Os Memoráveis - Lídia Jorge - Opinião

 

Muitas vezes digo que há livros que me deixam sem palavras. Mas depois, mal ou bem, escrevo sempre alguma coisa sobre o que li.

Desta vez há o receio de não estar mesmo nada à altura (ainda mais do que das outras vezes), e a reverência perante uma escritora brilhante, que me boqueia a mão e tolda o pensamento.

Quarenta anos depois dessa grande aventura que aconteceu antes da minha chegada, mas da qual ouvi tanto nas palavras do meu pai ao longo de toda a minha vida, tive o prazer imenso de ler um livro sobre aqueles que deram tudo de si pelo colectivo, para devolver a Liberdade ao nosso país.

Talvez temendo o fracasso mas mesmo assim avançando, apesar dos riscos, que seja devolvida a glória aos Capitães que, num dia pacífico e colorido com flores, nos abriram uma porta para podermos pensar, falar e agir sem medo.

Discutível é se temos feito, como povo, por merecer essa honra, mas que seja atribuída a todos o distinto lugar nas nossas memórias.

Eles são “Os Memoráveis”. Os portugueses de Abril.

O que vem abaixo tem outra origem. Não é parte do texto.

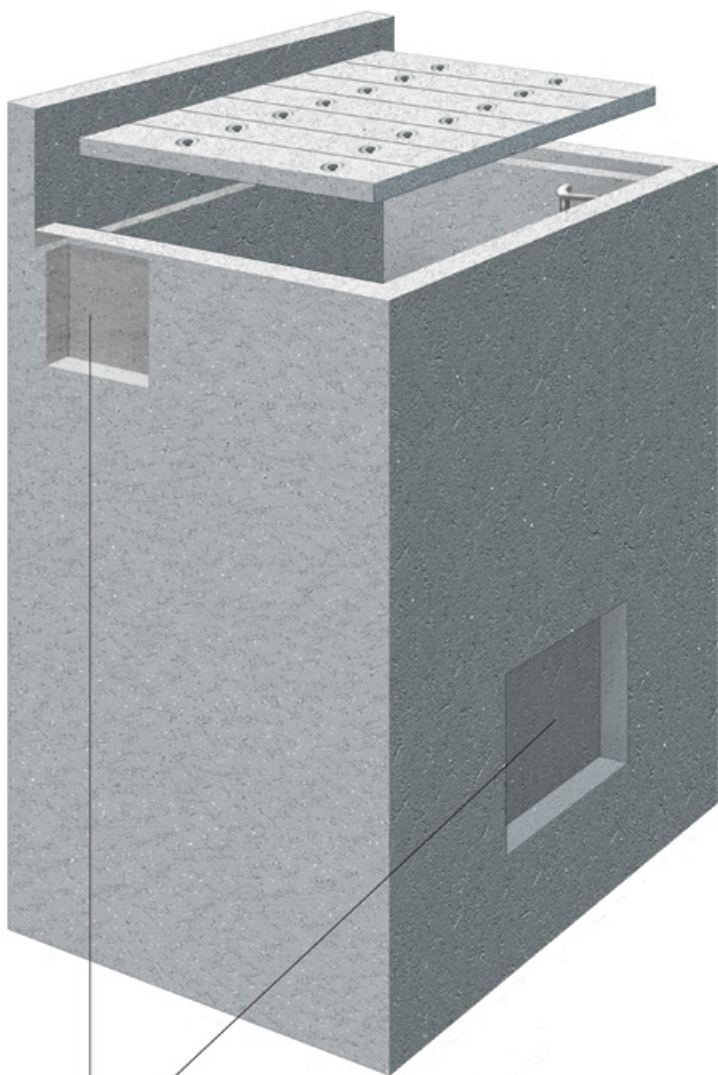

Pozzetto di linea per posto trasformazione su palo

FERROVIE - ALTA VELOCITA'

A RICHIESTA
sistema di
sollevamento
tipo DEHA

IMPRONTE E FORI
CON DIMENSIONI
E POSIZIONE
A RICHIESTA

listino prezzi - gennaio 2016

Pozzetto di linea per posto trasformazione su palo

Codice	A cm	B cm	H cm	C cm	D cm	S cm	S ₁ cm	Peso Kg cad.	Prezzo cad. €	
									Franco partenza	Trasporto
2208	105	155	185	115	241	15	5

“Eu próprio não lucrei nada. Eu sou um transformador, e o verdadeiro transformador nunca lucra, luta para dar lucro aos outros, se possível para dar lucro a todos. Só nessa medida eu lucrei. Olhai. Lucrei porque sou um entre milhares, dez milhões e tal, que melhoraram as suas vidas passando a viver em liberdade.” (Pág. 103)

Sinopse

“Em 2004, Ana Maria Machado, repórter portuguesa em Washington, é convidada a fazer um documentário sobre a Revolução de 1974, considerada pelo embaixador americano à época em Lisboa como um raro momento da História. Aceitado o trabalho, regressa, contrata dois antigos colegas, e os três jovens visitam e entrevistam vários intervenientes e testemunhas do golpe de Estado, revisitando os mitos da Revolução. Um percurso que permite surpreender o efeito da passagem do tempo não só sobre esses "heróis", como também sobre a sociedade portuguesa, na sua grandeza e nas suas misérias.
Transfiguradas, como se fossem figuras sobreviventes de um tempo já inalcançável, as personagens de Os Memoráveis tentam recriar o que foi a ilusão revolucionária, a desilusão de muitos dos participantes e o árduo caminho para uma Democracia.
Paralela a esta acção decorre uma outra, pessoal e íntima: a história do pai da protagonista, António Machado, que retrata em privado o destino que se abate sobre todos os outros. Todos vivem na Democracia, uma espécie de lugar de exílio. Mas um dia, todas as misérias serão esquecidas, quando se relatar o tempo dos memoráveis.”

D. Quixote, 2014

Janeiro 13, 2014

A Noite das Mulheres Cantoras - Lídia Jorge - Opinião

 

Depois de várias tentativas de ler “A Costa dos Murmúrios”, não sei explicar porquê nunca avancei na leitura, finalmente li um livro de Lídia Jorge e pude encantar-me com a sua escrita.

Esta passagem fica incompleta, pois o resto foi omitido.